Managed file transfer (MFT) allows an IM and Presence Service client, such as Cisco Jabber, to transfer files to other users, ad hoc group chat rooms, and persistent chat rooms. The files are stored in a repository on an external file server using SSHFS to secure file transfer operations and the transaction is logged to an external database.

Unlike Peer-to-Peer file transfers, Managed File Transfer may be used in conjunction with Group and Persistent Chat to share files in a multi-user environment.

Installation of PostgreSQL Server 9.4.1

Edit the YUM Repository

For procedural documentation visit: https://wiki.postgresql.org/wiki/YUM_Installation

1. Log into the target CentOS 7 host with Root Privileges or as a user with sudo privileges.

2. To edit the YUM repository configuration file on CentOS type.

nano /etc/yum.repos.d/CentOS-Base.repo

3. Locate the [base] and [updates] section of the file and append the line exclude=postrgres*.

4. Save the file and exit the nano editor.

Download Installation Packages and Dependencies with YUM

1. Download the PostgreSQL server and package dependencies by typing:

yum localinstall http://yum.postgresql.org/9.4/redhat/rhel-7-x86_64/pgdg-centos94-9.4-1.noarch.rpm

2. Observe the following output:

3. Check for a list of resolved packages and dependencies by entering the following command:

Note that postgresql94-serverx86_64 is returned as part of the command. We are ready to install the postgresql server software.

Install PostgreSQL Server 9.4.1 and Dependencies

1. Initiate the installation by issuing the following command:

yum install postgresql94-server

2. If PostrgreSQL 9.4.1 installation is successful, output should appear as follows (some output omitted).

Installed:

postgresql94-server.x86_64 0:9.4.4-1PGDG.rhel7

Dependency Installed:

postgresql94.x86_64 0:9.4.4-1PGDG.rhel7 postgresql94-libs.x86_64 0:9.4.4-1PGDG.rhel7

Complete!

Initialize PostgreSQL and Start Services

Next, we must initialize the Postgres SQL Server Software

1. Type the following command to initialize the PostgreSQL database with default parameters.

/usr/pgsql-9.4/bin/postgresql94-setup initdb

2. Confirm that the command returns the following result: Initializing database ... OK.

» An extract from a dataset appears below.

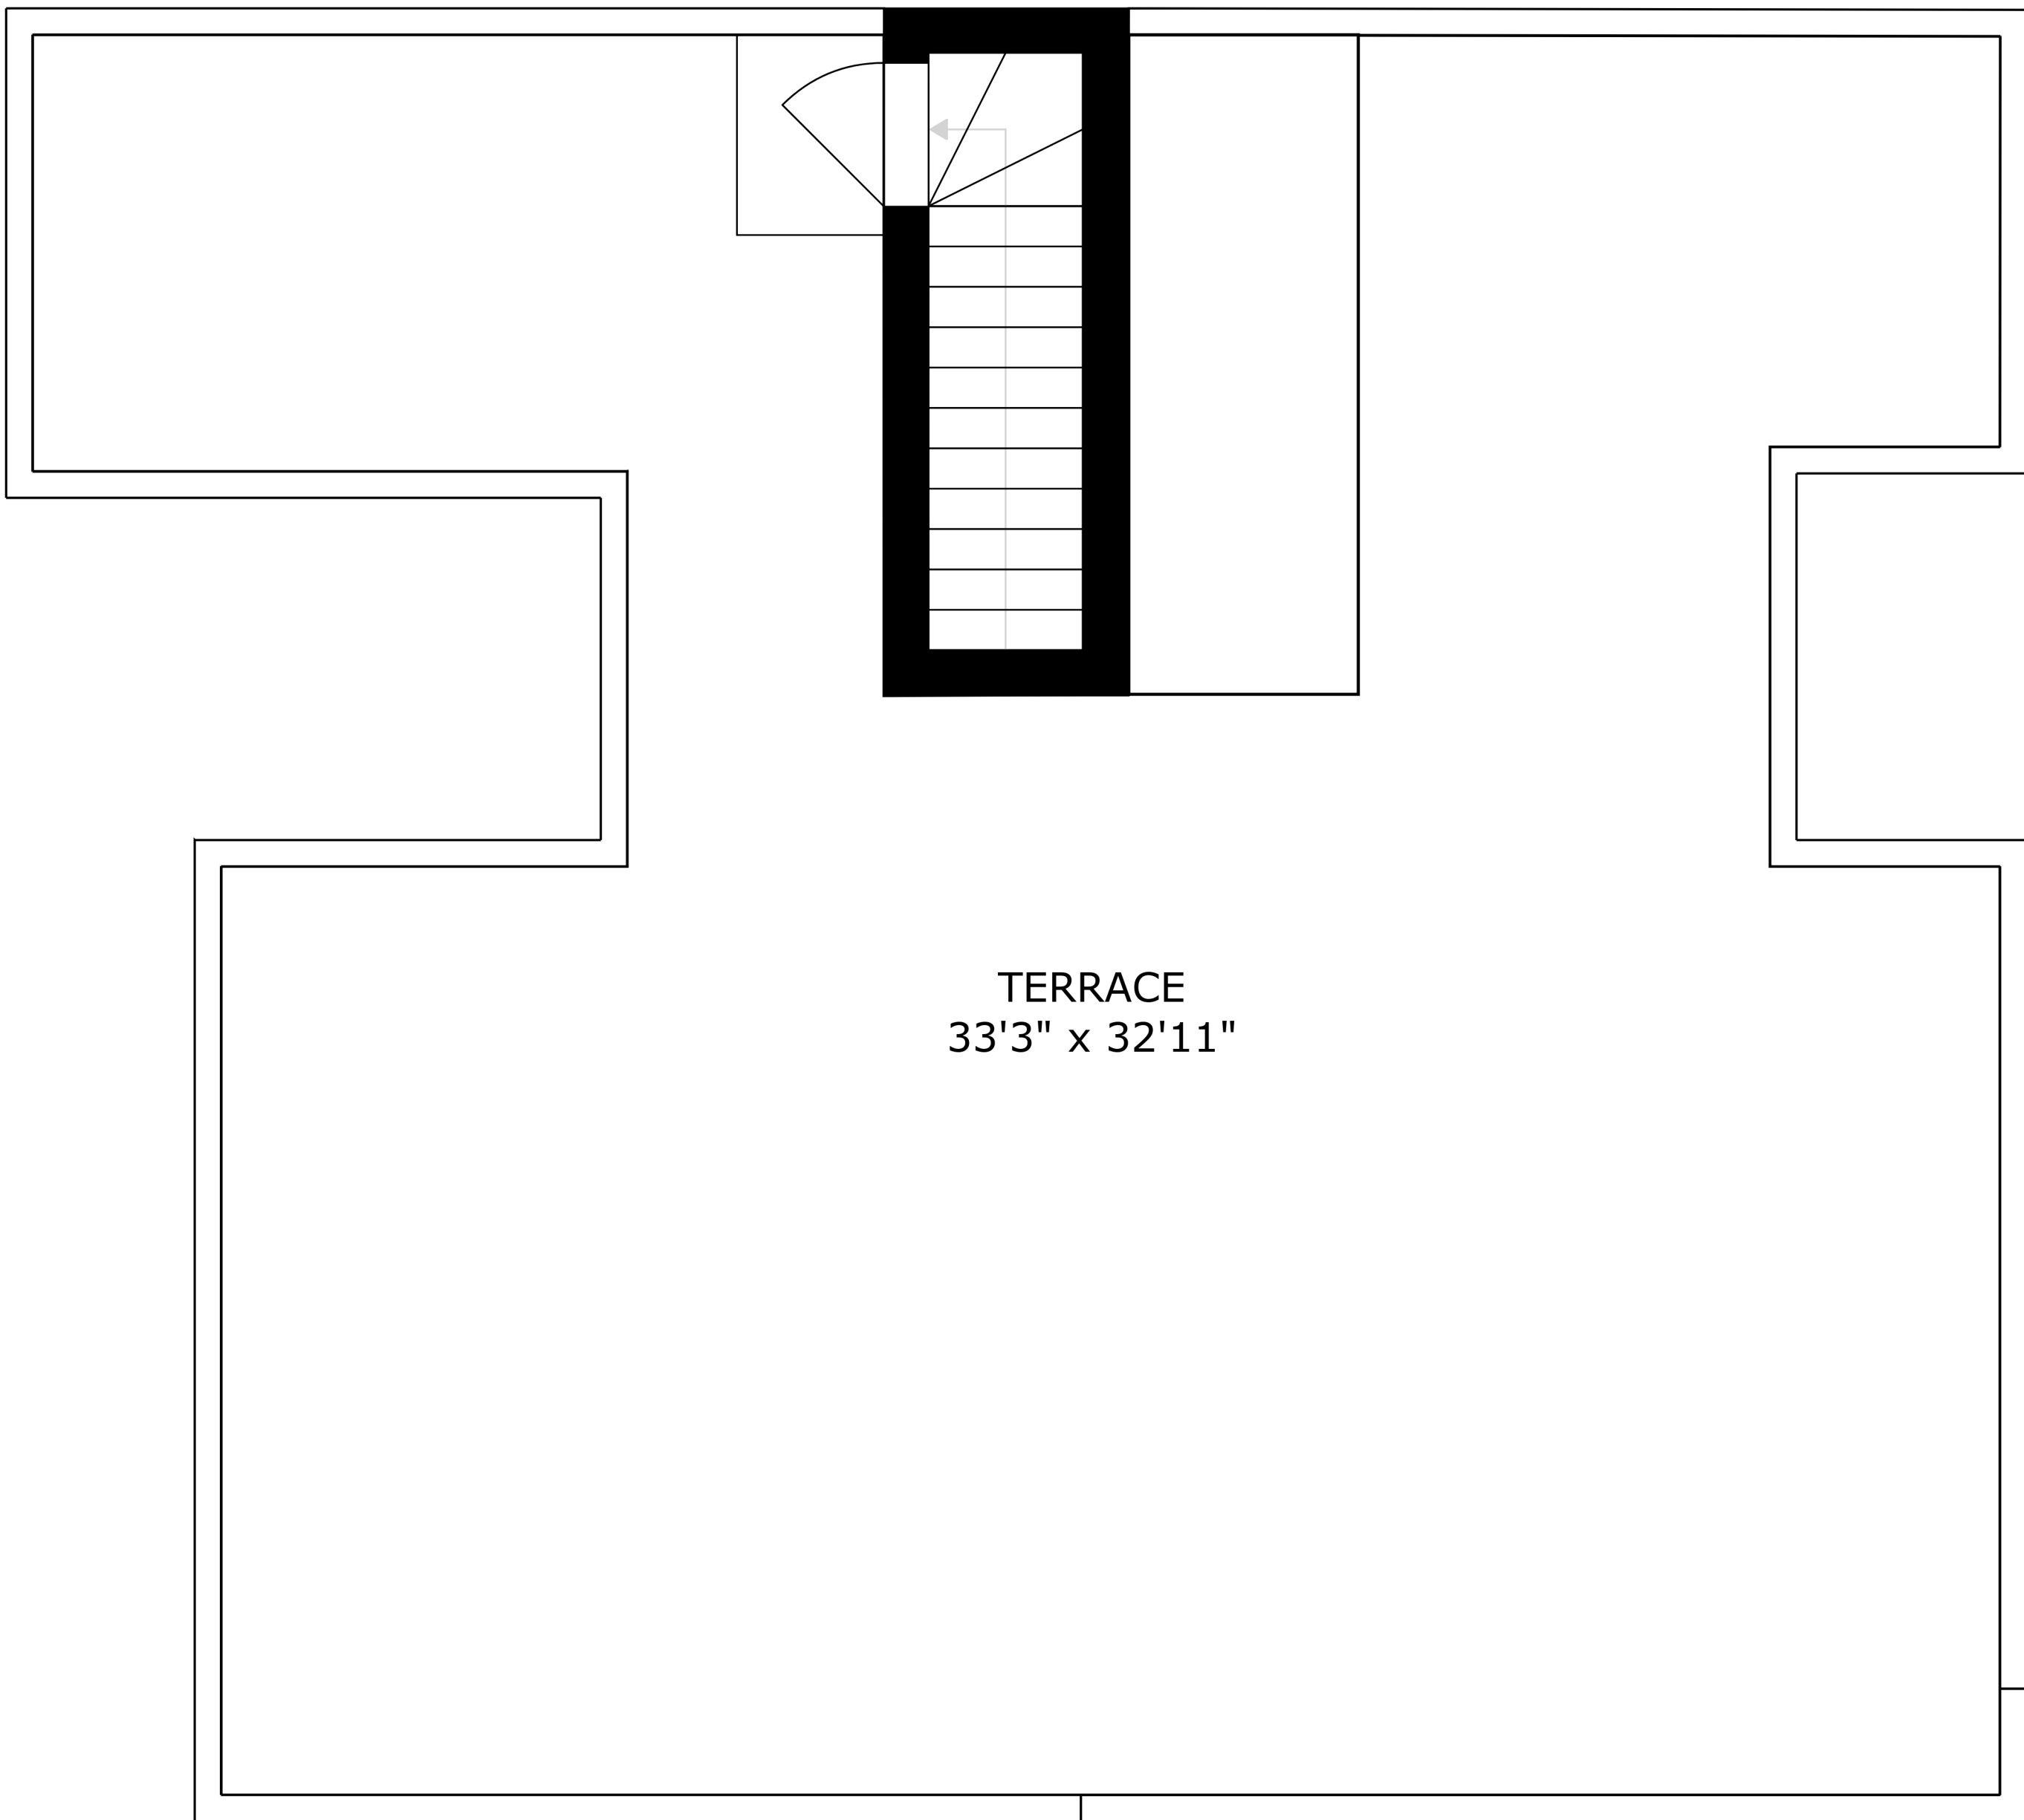

SIZES AND DIMENSIONS ARE APPROXIMATE, ACTUAL MAY VARY.

TERRACE
33'3" x 32'11"

SIZES AND DIMENSIONS ARE APPROXIMATE, ACTUAL MAY VARY.

SIZES AND DIMENSIONS ARE APPROXIMATE, ACTUAL MAY VARY.

Enable Automatic Service Statrup

1. To enable automatic service startup with OS Boot, type the following command:

chkconfig postgresql-9.4 on

Start PostgreSQL Services

Services must be started for the first time to begin interacting with the software.

1. Type the following command to start the PostgreSQL server:

service postgresql-9.4 start

2. Output will appear as follows to indicate successful entry.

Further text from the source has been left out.